EXERCISE OBJECTIVE :: Reproduce, word for word, the lines in the material below starting with the one that has "8072180060 - COOLING PLATES" and going on through the one that has "Bijou Rimless BTW". Leave out all pictures.

AVAILABLE DATA ::
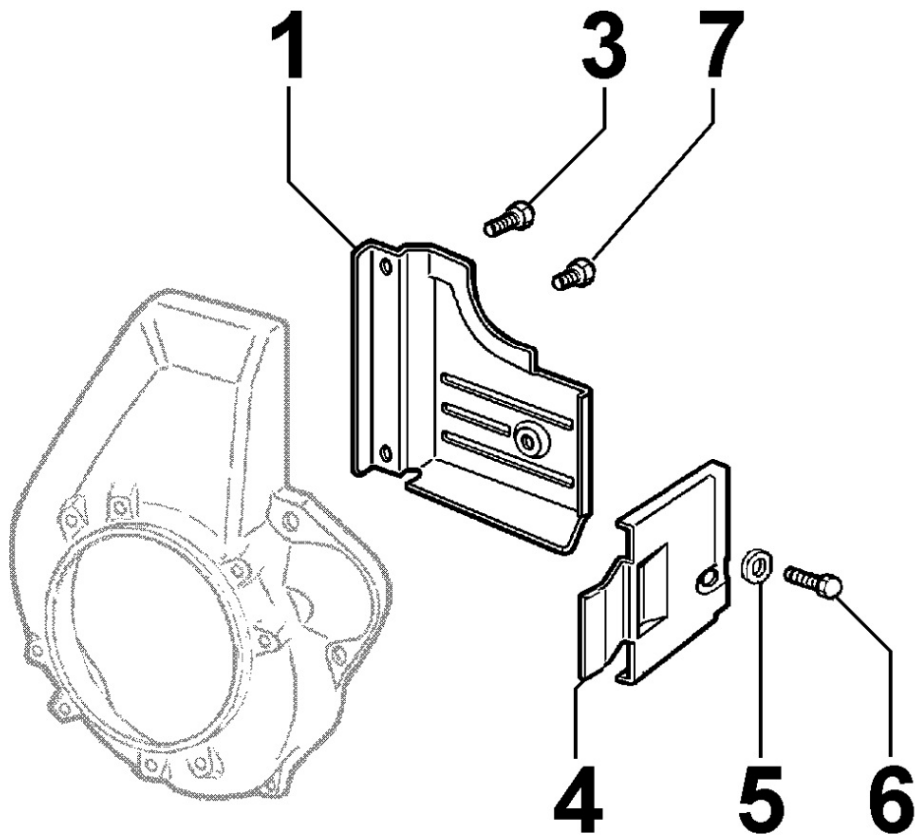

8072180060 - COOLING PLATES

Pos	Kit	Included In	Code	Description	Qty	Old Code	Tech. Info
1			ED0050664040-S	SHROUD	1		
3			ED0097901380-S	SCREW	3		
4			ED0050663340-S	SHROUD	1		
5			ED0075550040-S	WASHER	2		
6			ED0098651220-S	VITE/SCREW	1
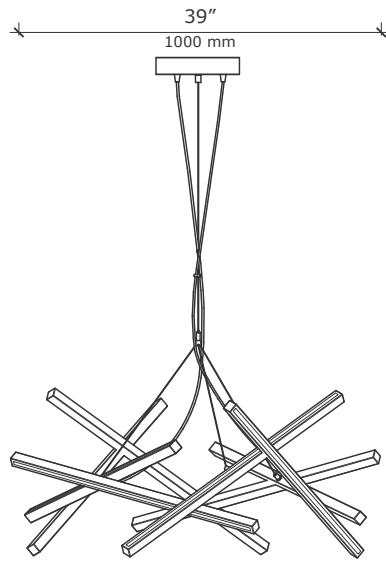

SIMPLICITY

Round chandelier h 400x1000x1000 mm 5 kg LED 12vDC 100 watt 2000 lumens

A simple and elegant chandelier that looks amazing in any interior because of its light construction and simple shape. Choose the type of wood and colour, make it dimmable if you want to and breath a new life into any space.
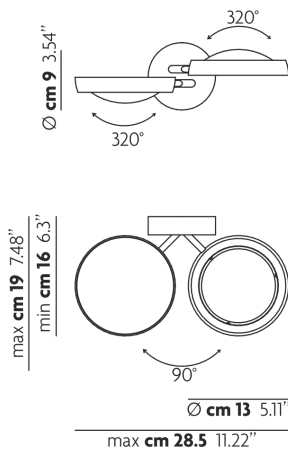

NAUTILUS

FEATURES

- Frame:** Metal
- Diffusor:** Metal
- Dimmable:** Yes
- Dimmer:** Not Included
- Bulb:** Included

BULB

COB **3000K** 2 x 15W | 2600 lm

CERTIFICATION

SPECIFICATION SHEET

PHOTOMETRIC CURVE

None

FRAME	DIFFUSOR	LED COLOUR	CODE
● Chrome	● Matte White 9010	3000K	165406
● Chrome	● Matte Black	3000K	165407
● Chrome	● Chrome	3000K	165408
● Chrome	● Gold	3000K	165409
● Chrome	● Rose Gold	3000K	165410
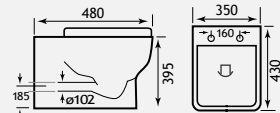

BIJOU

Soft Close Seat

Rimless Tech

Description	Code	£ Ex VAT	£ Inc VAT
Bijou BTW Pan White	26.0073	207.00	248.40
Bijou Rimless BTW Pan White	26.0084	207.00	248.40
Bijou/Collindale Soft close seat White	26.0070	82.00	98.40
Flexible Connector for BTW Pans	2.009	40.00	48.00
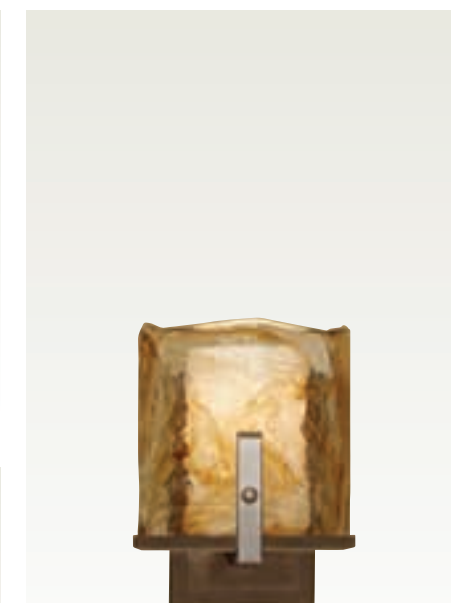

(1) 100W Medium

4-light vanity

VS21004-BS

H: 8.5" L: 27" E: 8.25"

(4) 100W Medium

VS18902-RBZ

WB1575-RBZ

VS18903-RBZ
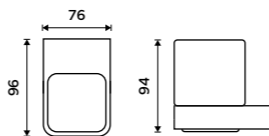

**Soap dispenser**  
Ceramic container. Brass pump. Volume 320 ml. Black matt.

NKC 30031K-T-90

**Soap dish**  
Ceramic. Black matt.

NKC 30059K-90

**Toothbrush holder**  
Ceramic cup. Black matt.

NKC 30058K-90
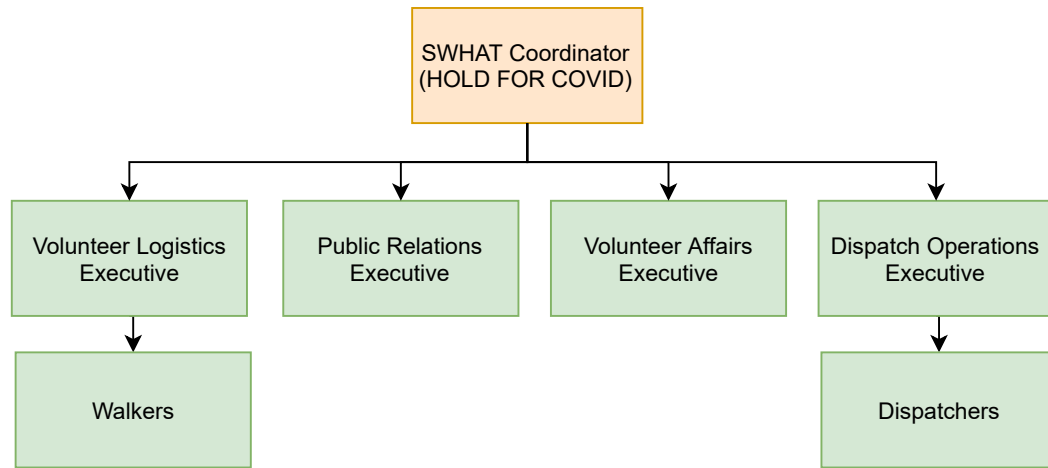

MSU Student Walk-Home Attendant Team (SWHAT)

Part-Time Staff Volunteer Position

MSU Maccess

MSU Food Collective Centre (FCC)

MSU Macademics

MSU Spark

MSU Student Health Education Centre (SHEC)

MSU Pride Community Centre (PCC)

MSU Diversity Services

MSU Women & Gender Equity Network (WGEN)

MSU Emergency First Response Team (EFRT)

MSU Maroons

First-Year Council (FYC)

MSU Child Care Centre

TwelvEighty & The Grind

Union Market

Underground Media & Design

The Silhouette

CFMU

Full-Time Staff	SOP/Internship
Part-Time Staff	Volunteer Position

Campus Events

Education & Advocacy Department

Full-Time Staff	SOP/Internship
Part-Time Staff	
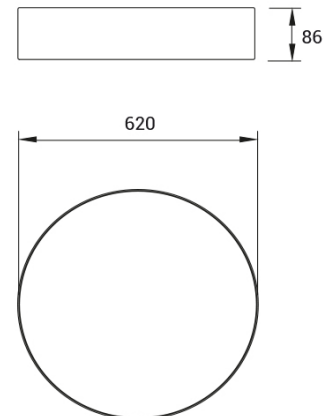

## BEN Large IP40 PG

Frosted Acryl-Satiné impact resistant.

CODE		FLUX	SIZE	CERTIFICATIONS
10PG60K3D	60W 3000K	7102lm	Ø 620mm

...

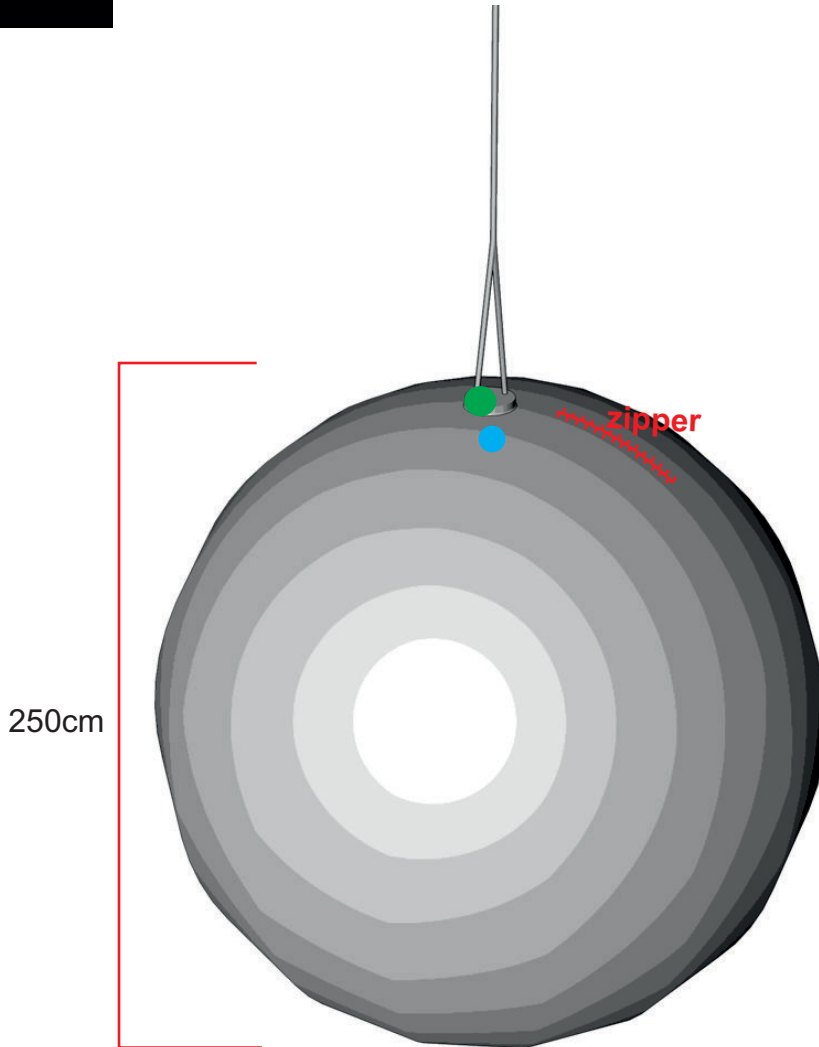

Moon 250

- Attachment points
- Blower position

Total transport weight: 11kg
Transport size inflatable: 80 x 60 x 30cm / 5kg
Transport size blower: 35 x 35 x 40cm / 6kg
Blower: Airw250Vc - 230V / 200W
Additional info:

...

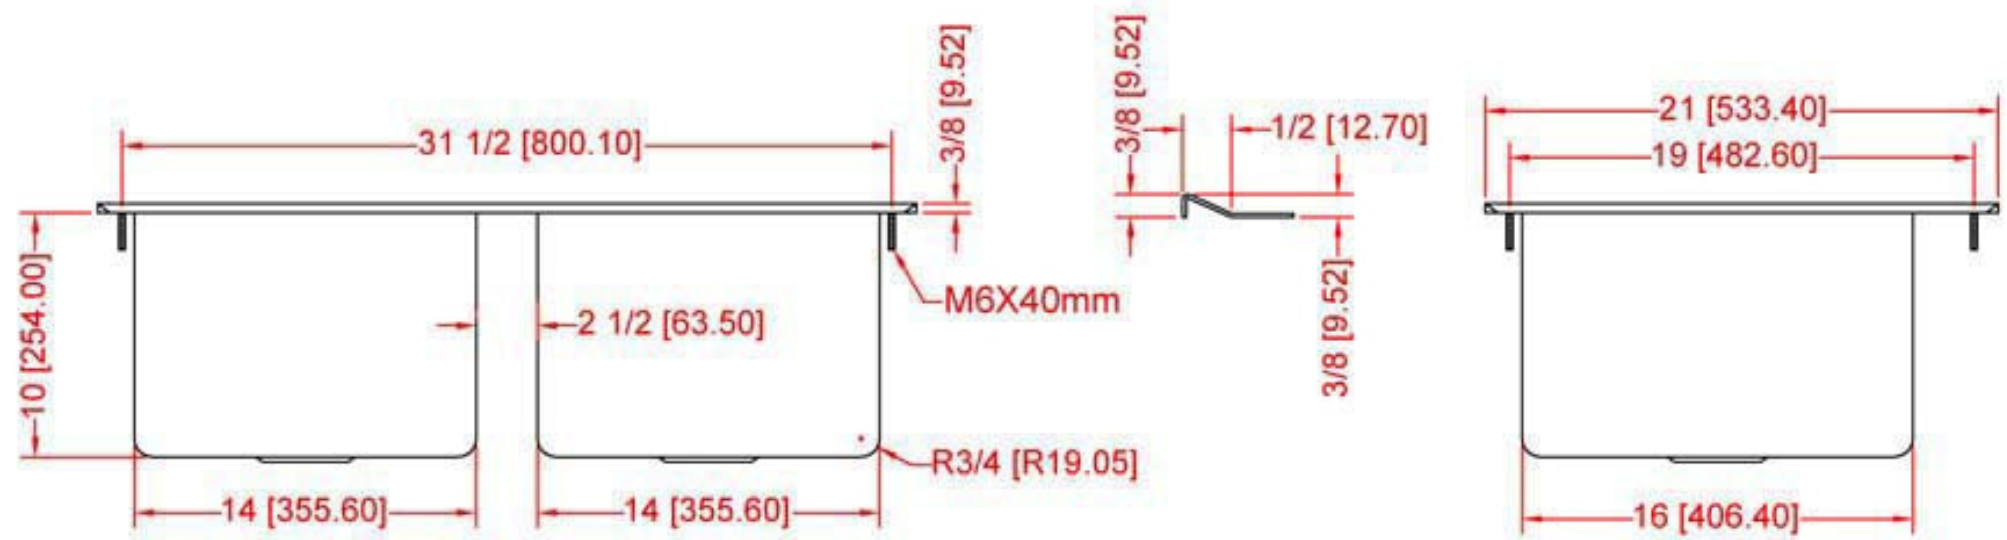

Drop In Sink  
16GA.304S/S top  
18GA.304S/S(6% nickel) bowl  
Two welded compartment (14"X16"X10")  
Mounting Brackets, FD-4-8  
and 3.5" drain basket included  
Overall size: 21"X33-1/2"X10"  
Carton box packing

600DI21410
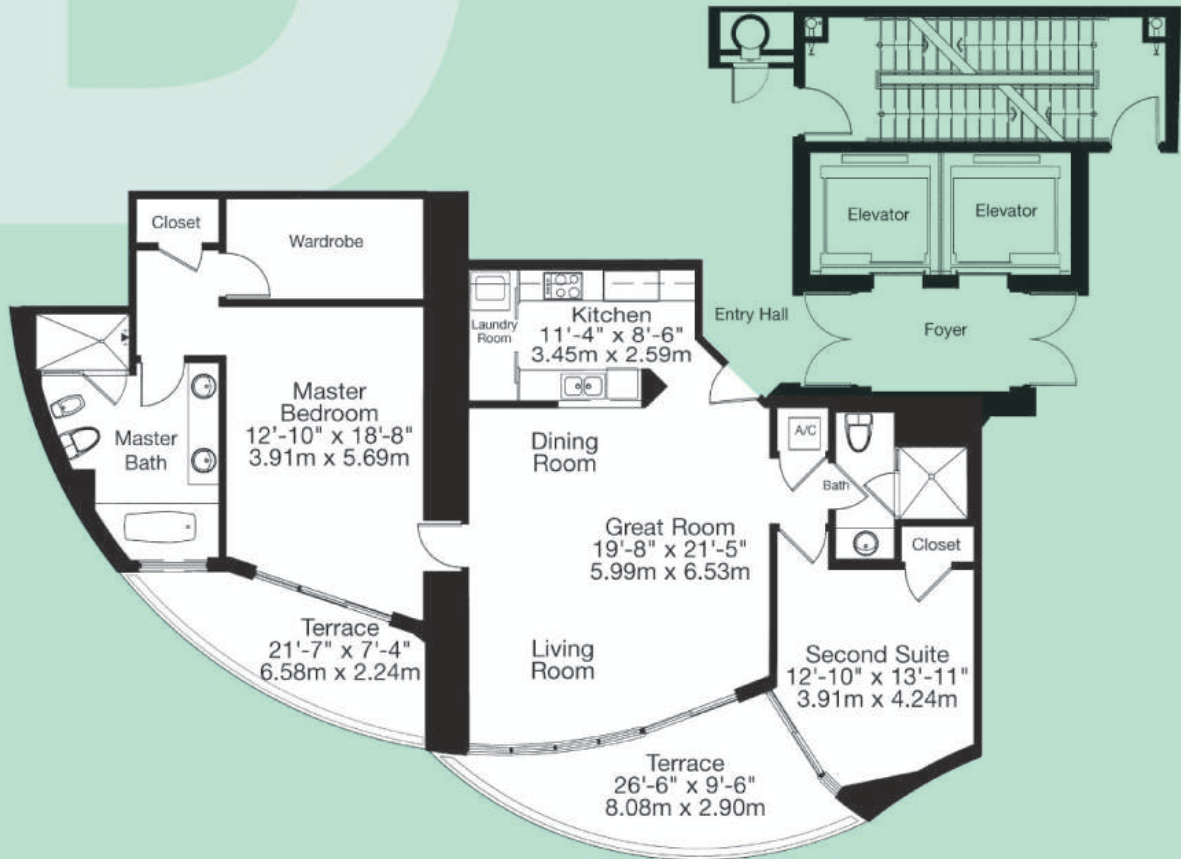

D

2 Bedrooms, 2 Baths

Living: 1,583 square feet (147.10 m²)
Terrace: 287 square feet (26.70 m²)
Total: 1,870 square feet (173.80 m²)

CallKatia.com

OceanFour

RESPONSE ::
8072180060 - COOLING PLATES

Pos	Kit	Included In	Code	Description	Qty	Old Code	Tech. Info
1			ED0050664040-S	SHROUD	1		
3			ED0097901380-S	SCREW	3		
4			ED0050663340-S	SHROUD	1		
5			ED0075550040-S	WASHER	2		
6			ED0098651220-S	VITE/SCREW	1

SIMPLICITY

Round chandelier h 400x1000x1000 mm 5 kg LED 12vDC 100 watt 2000 lumens

A simple and elegant chandelier that looks amazing in any interior because of its light construction and simple shape. Choose the type of wood and colour, make it dimmable if you want to and breath a new life into any space.

NAUTILUS

FEATURES

- Frame:** Metal
- Diffusor:** Metal
- Dimmable:** Yes
- Dimmer:** Not Included
- Bulb:** Included

BULB

COB **3000K** 2 x 15W | 2600 lm

CERTIFICATION

SPECIFICATION SHEET

PHOTOMETRIC CURVE

None

FRAME	DIFFUSOR	LED COLOUR	CODE
● Chrome	● Matte White 9010	3000K	165406
● Chrome	● Matte Black	3000K	165407
● Chrome	● Chrome	3000K	165408
● Chrome	● Gold	3000K	165409
● Chrome	● Rose Gold	3000K	165410

BIJOU

Soft Close Seat

Rimless Tech

Description	Code	£ Ex VAT	£ Inc VAT
Bijou BTW Pan White	26.0073	207.00	248.40
Bijou Rimless BTW Pan White	26.0084	207.00	248.40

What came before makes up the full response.